① Allocate job 4 with a memory size of 6k, and the result is shown in the figure below:
There are three free areas in the original memory, the sizes are 5k, 12k, and 96k, and the memory occupied by job 4 is 6k. Therefore, according to the first adaptation method, job 4 should be allocated to the memory with a free area of 12k. After the free area is allocated The remaining size is 6. The result is consistent with the above figure.
② Recycling job 3, input 4 3, the result is shown in the figure below:
After reclaiming job 3, the location of 10k-14k in the memory becomes a free area.

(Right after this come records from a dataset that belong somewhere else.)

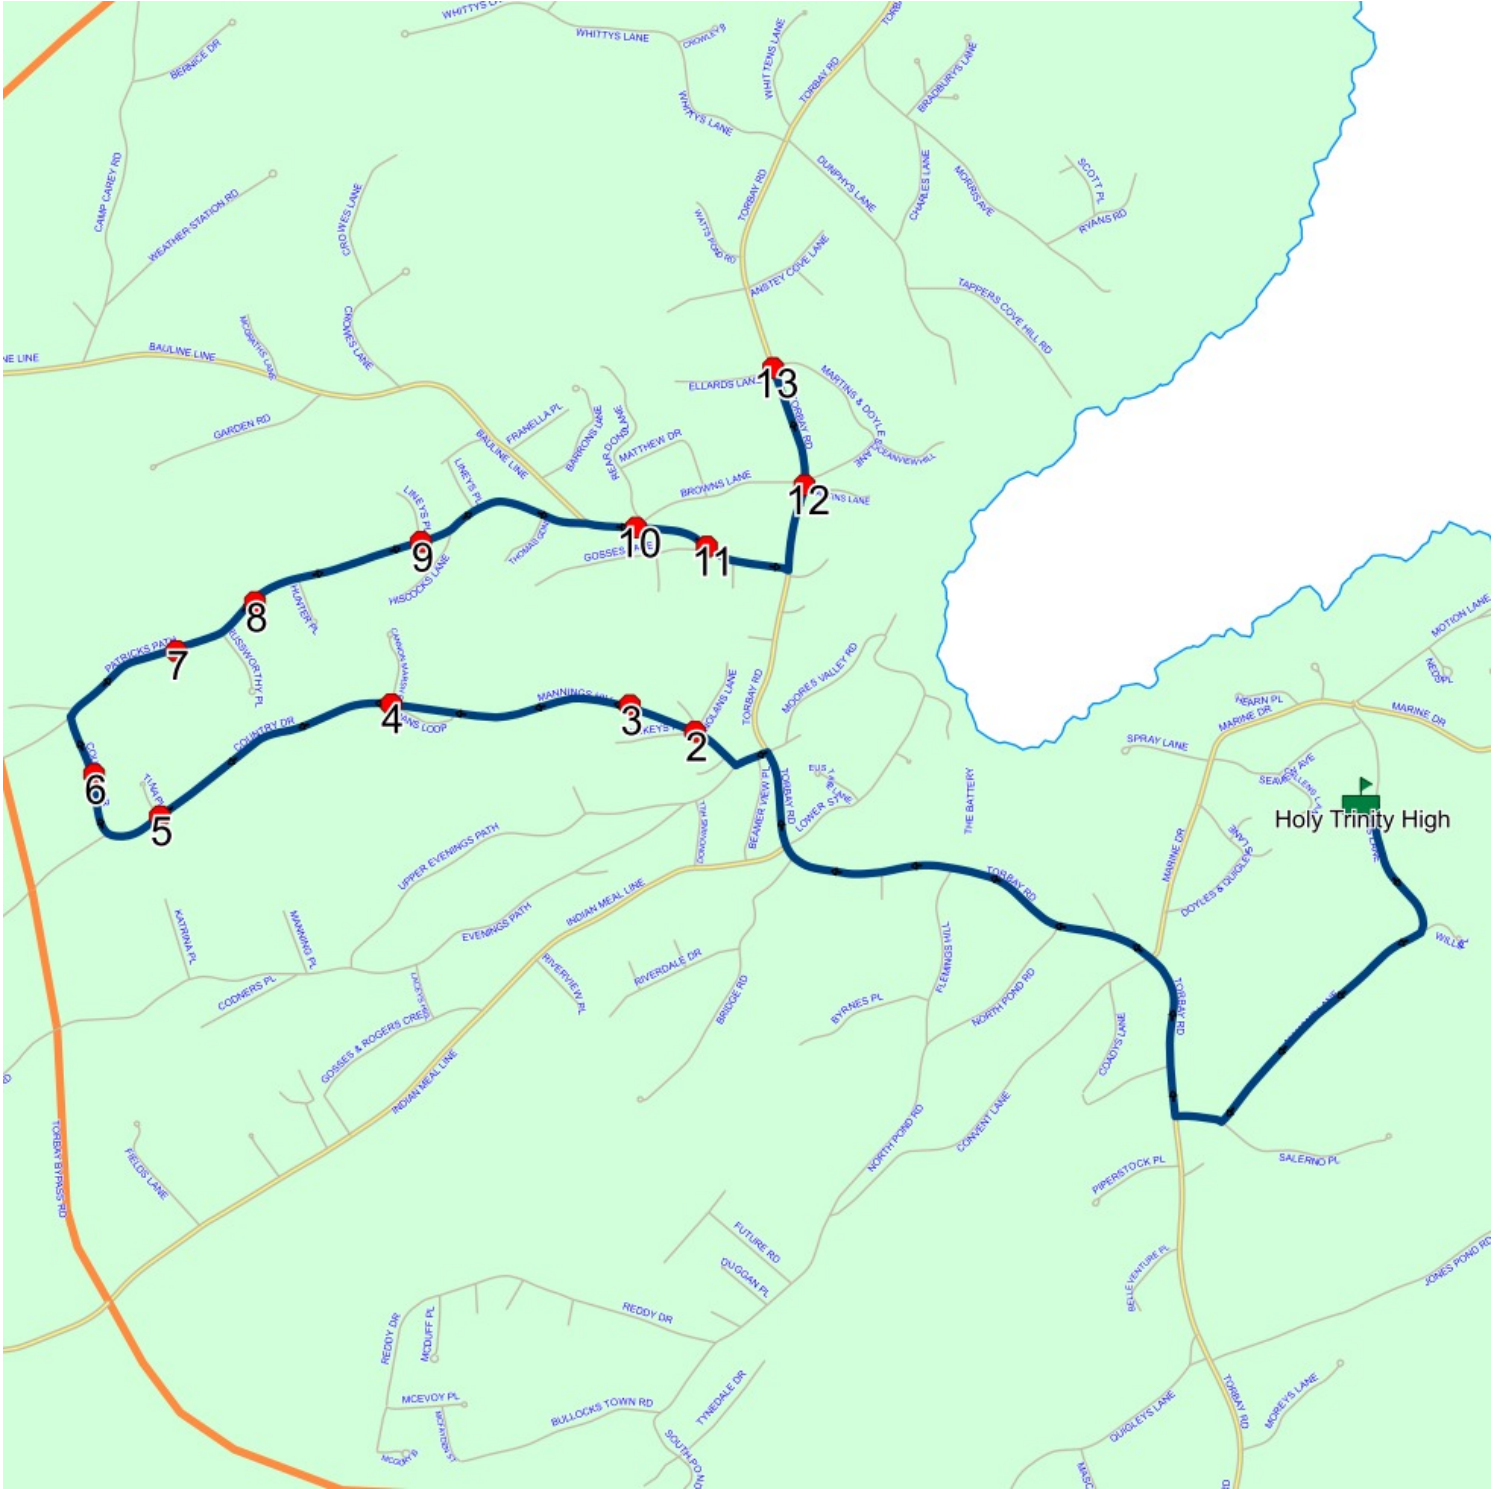

Route: 17-135-6 Run: 17-135-6A PM

Route: 17-135-6

Operator: Executive Taxi Ltd.

Vehicle: 17-135-6

Description:

Schools: Holy Trinity High (368)

Run: 17-135-6A PM

Schools: Holy Trinity High

#	Arrival	Departure	Description
1	3:05 PM	3:20 PM	Holy Trinity High Driveway
2	3:24 PM	3:25 PM	Mannings Hill @ Hickeys Pl
3	3:25 PM		11 COUNTRY DR; TORBAY; A1K
4	3:26 PM	3:27 PM	COUNTRY DR; TORBAY & CANNON MARSH RD; TORBAY
5	3:28 PM		COUNTRY DR; TORBAY & TINA PL; TORBAY
6	3:29 PM		206 COUNTRY DR; TORBAY; A1K
7	3:30 PM		152 PATRICKS PATH; TORBAY; A1K
8	3:31 PM		105 PATRICKS PATH; TORBAY; A1K
9	3:32 PM		Patricks Path @ Lineys Pl
10	3:33 PM	3:34 PM	Bauline Line @ Browns Lane
11	3:34 PM	3:35 PM	BAULINE LINE; TORBAY & GOSSES LANE; TORBAY
12	3:36 PM		TORBAY RD; TORBAY & MARTINS LANE; TORBAY
13	3:37 PM		TORBAY RD & ELLARDS LANE

Route: 17-135-6 Run: 17-135-6A PM

③ Recycling job 2, input 4 2, the result is shown in the figure below:
Because there are free areas before and after job 2, after recycling job 2, the free areas are merged. The starting address is 20K, the ending address is 128K, and the size of the free area is 108K.
3) The next adaptation algorithm
In order to see the initial memory allocation of the next adaptation algorithm is as follows:
After using the first adaptation method to allocate 8k memory space for job 8, 50k-58k is occupied, and job 8 is the location of the last allocation:
Use the next adaptation method to allocate 2k memory space for job 9, and input 6 9 2;
Because job 8 is the location of the last allocation: so start from here to find space for allocation, and job 9 is allocated after job 8, the starting position is 58k, and the ending position is 60k.

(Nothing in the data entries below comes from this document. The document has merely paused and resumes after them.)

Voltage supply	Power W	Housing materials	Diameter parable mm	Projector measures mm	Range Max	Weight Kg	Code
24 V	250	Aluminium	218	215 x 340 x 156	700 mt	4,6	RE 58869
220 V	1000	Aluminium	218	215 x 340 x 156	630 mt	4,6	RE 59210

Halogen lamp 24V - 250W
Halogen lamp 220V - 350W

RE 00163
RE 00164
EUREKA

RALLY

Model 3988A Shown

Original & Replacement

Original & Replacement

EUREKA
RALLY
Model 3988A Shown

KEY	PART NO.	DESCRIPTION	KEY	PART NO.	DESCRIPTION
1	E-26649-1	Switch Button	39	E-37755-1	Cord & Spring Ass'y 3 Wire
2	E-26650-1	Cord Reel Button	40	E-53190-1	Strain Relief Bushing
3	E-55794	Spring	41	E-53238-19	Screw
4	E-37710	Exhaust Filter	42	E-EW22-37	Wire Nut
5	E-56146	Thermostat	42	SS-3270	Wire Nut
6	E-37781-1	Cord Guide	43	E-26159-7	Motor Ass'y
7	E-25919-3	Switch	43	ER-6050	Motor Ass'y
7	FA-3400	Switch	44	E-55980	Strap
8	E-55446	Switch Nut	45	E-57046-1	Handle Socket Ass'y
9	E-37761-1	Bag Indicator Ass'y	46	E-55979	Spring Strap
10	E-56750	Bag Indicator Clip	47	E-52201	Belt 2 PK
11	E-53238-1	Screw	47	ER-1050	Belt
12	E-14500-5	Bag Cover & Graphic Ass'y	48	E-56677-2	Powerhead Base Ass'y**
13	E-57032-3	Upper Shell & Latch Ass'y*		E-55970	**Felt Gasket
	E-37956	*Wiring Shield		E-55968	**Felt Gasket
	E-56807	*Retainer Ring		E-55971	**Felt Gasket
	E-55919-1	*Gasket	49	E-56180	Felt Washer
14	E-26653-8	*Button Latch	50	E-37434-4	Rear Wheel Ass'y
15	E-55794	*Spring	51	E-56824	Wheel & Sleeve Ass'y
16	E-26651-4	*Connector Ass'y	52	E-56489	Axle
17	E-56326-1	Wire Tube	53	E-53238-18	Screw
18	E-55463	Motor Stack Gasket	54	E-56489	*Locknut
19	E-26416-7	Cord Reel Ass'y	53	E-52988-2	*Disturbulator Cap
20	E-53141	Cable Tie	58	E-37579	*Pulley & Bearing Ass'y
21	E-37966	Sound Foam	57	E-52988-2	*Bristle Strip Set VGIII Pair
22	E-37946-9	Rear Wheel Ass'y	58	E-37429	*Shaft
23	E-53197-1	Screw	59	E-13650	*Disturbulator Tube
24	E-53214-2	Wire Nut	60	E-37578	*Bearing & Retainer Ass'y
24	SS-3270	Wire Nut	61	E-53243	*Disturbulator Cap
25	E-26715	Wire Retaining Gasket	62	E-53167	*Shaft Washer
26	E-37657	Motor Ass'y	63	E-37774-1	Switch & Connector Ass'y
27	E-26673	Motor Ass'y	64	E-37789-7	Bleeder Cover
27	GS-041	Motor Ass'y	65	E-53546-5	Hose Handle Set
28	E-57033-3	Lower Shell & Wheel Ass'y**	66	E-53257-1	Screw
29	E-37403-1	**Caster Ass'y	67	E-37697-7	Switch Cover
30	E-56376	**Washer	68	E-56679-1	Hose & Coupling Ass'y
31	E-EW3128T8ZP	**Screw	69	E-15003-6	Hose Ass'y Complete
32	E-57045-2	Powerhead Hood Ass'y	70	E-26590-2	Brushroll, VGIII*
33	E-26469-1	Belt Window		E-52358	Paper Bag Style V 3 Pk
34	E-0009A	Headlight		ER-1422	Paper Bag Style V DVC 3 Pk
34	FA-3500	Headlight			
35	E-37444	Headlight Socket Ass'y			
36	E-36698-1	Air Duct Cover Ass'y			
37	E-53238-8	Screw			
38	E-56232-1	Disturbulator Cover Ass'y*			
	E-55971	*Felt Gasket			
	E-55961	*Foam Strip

Recycling is no longer demonstrated.
4) Best Adaptive Algorithm
To see the difference between best-fit and first-fit algorithms, the initial memory allocation is as follows:
The form is as follows:
| 0-10k |
idle |
10k |
| 10k-14k |
homework 3 |
4k |
| 14k-22k |
idle |
8k |
| 22k-28k |
homework 2 |
6k |
| 28k-128k |
idle |
100k |
① Allocate job 4 with a memory size of 6k, and the result is shown in the figure below:
There are three free areas in the original memory, the sizes are 10k, 8k, and 100k, and the memory occupied by job 4 is 6k. Therefore, according to the best fit method, job 4 should be allocated to the memory with a free area of 8k. The remaining size of the free area after allocation is 2k. The result is consistent with the above figure.

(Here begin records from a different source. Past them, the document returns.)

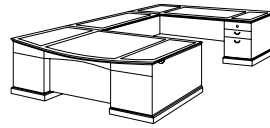

Right Executive Bow Front U Desk
7302-77
72W 144D 30H
Consists of:
-670 Left Bow Single Pedestal Desk
-571 Right Single Pedestal Credenza
-59 U Bridge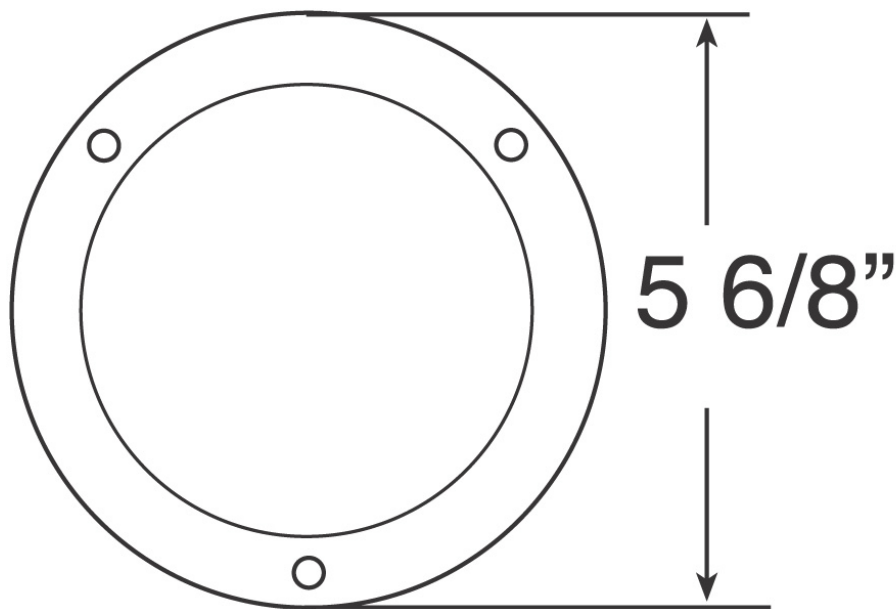

4" Round Stainless Steel Trim Ring for Model 234

PRODUCT INFORMATION

Description	4" Round Stainless Steel Trim Ring for Model 234
Height	146.05 mm / 5.75 in
Width	146.05 mm / 5.75 in
Shape	Round
Housing Material	Plastic
Housing Color	Stainless Steel
Mounting Hardware Description	(x1)
Additional Information	Fits 4" round flange-mounted lights. Attaches to rubber grommet with three tapered stainless mounting screws.

Print date: 2017-05-23

© 2017 J.W. Speaker Corporation • Germantown, WI U.S.A.
www.jwspeaker.com • speaker@jwspeaker.com • 262.251.6660

4" Round Stainless Steel Trim Ring for Model 234

PRODUCT DIMENSIONS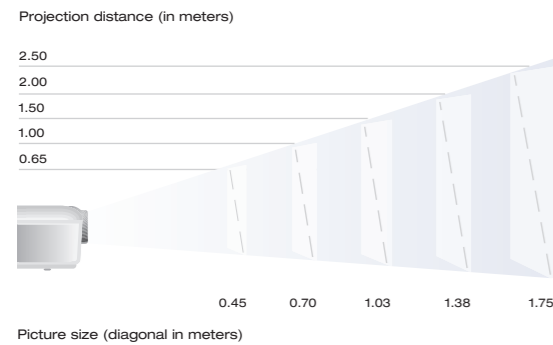

ff1

- Display** 0.55" DDR DMD™* Chip
- Resolution** SVGA 800 x 600
- Brightness** 400 Lux
- Colour reproduction** 16.7 mio. colours
- Contrast** 1,500:1
- Projection format** 4 : 3 switchable to 16 : 9
- Light source** LED diodes
- Working life of the LED diodes** ca. 10,000 hours
- Lens** F = 2,6
- Zoom ratio** fixed
- Frequencies (hor./vert.)** 31.5 - 80 kHz / 56 - 85 Hz
- Projection** front, rear and ceiling
- Digital keystone correction** vertical + / - 16°
- Picture size (diagonal)** 0.45 m - 1.75 m
- Projection distance** 0.65 m - 2.5 m
- Input signal** NTSC/PAL/SECAM, HDTV (from D-sub 15), VGA/SVGA/XGA/SXGA/UXGA (compr.)
- Inputs** 1 x RGB, 1 x RCA, USB type A, audio (stereo mini jack)
- Outputs** Headphone (stereo)
- Serial interface** -
- Power supply** AC 100-240 V, 50 / 60 Hz
- Loudspeaker** -
- Dimensions (W x H x D)** 135 x 55 x 100 mm
- Weight** 0.5 kg
- Features** Digital keystone correction, kensington lock
- Accessories** remote control with batteries, owners manual (CD ROM), audio-, RGB- and power cable, softcase with screen to unfold and removable battery
- Options** Trolley, auto charge cable
- Screen (diagonal)** 57 cm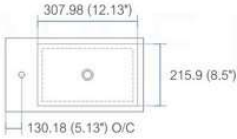

NOTE: DIMENSIONS AND TECHNICAL DETAILS ARE SUBJECT TO CHANGE WITHOUT NOTICE

product code
BSL16SINK
Thickness: 9.53 (0.38")

Dimensions:	width	length	height	depth
inches	16.0"	16.0"	4.0"	3.38"
mm	406.4	406.4	101.6	85.73

product code
BSL18SINK
Thickness: 9.53 (0.38")

Dimensions:	width	length	height	depth
inches	18.0"	10.25"	4.0"	3.38"
mm	457.2	257.18	101.6	85.73

product code
BSL24SINK
Thickness: 9.53 (0.38")

Dimensions:	width	length	height	depth
inches	23.63"	18.5"	4.0"	4.0"
mm	600.08	469.9	101.6	101.6

product code
BSL30SINK
Thickness: 9.53 (0.38")

Dimensions:	width	length	height	depth
inches	29.5"	18.5"	4.0"	4.0"
mm	749.3	469.9	101.6	101.6

product code
BSL36SINK
Thickness: 9.53 (0.38")

Dimensions:	width	length	height	depth
inches	35.75"	18.5"	4.0"	4.0"
mm	908.05	469.9	101.6	101.6

product code
BSL40SINK
Thickness: 9.53 (0.38")

Dimensions:	width	length	height	depth
inches	39.5"	18.5"	4.0"	4.0"
mm	1003.3	469.9	101.6	101.6

product code
BSL48SINK
Thickness: 9.53 (0.38")

Dimensions:	width	length	height	depth
inches	47.25"	18.5"	4.0"	4.0"
mm	1200.15	469.9	101.6	101.6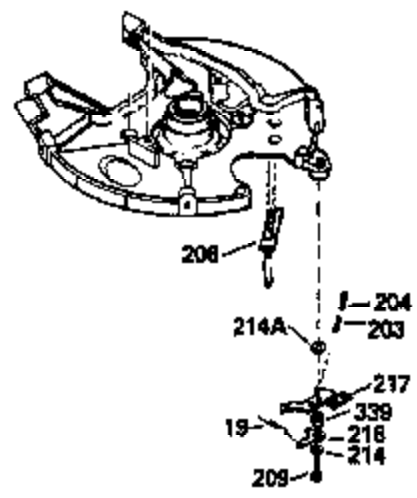

ILLUSTRATION SHOWS TYPICAL PARTS ONLY. ORDER BY PART NUMBER. PARTS NOT LISTED ARE SUPPLIED BY OEM.

VIEW 2 OF 2

Ref #	Part Number	Qty	Description
	92 650815		Belleville Washer
	93 650390		Flywheel Nut
189A	650911		Screw, Torx T-30, 1/4-20 x 5/8" (As r eq.)
230	34338		Air Cleaner Gasket
238A	650806		Screw, 10-32 x 5/8"
240A	450234		Air Cleaner Body
245A	450236		Air Cleaner Element
248	33008		Air Cleaner Tube
250A	33007		Air Cleaner Cover
261B	650854		Washer
316A	450235		Mesh Screen
326	450237		Button Plug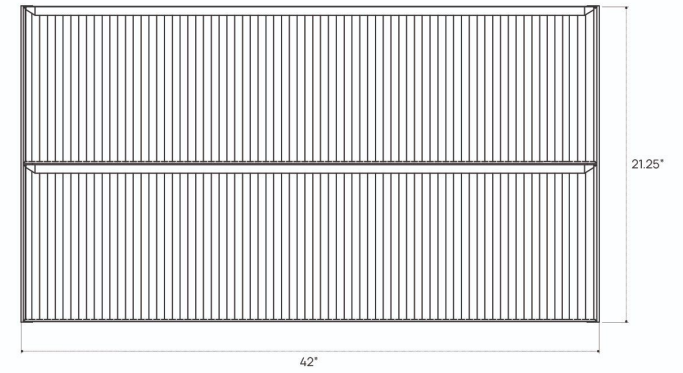

DIMENSION GUIDE ASTOR VANITY 30"

3D VIEW

FRONT VIEW

SIDE VIEW

DIMENSION GUIDE ASTOR VANITY 36"

3D VIEW

FRONT VIEW

SIDE VIEW

DIMENSION GUIDE ASTOR VANITY 42"

3D VIEW

FRONT VIEW

SIDE VIEW

② Recycling job 3, input 4 3, the result is shown in the figure below:
After reclaiming job 3, the free area vacated by job 3 is merged with the previous free area, and the position of 0k-14k in the memory becomes the free area.
③ Recycling job 2, input 4 2, the result is shown in the figure below:
Because there are free areas before and after job 2, after recycling job 2, the free areas are merged. The starting address is 20K, the ending address is 128K, and the size of the free area is 108K.
1.6 Experiment experience ( problems and solutions encountered in the experiment )
Experimental Reflection and Idea Gathering
- This program uses the linked list structure to simulate the memory block. There will be some problems involving null pointers in the linked list (the node after the last node). It is better to use the circular linked list structure to simulate the memory distribution, so that the allocation can be simpler. , but the loop condition needs to be modified. Here is a node added to avoid the problem of null pointers.
- The ideas of the first adaptation and the next adaptation are basically the same, mainly because the initial search nodes are different. The initial node for the first adaptation is first, and the initial node for the next adaptation is pre. After each job application, the location needs to be recorded for the next assignment of the next adaptive algorithm.
- When reclaiming memory, you need to pay attention to the problem of the tail node of the free area linked list.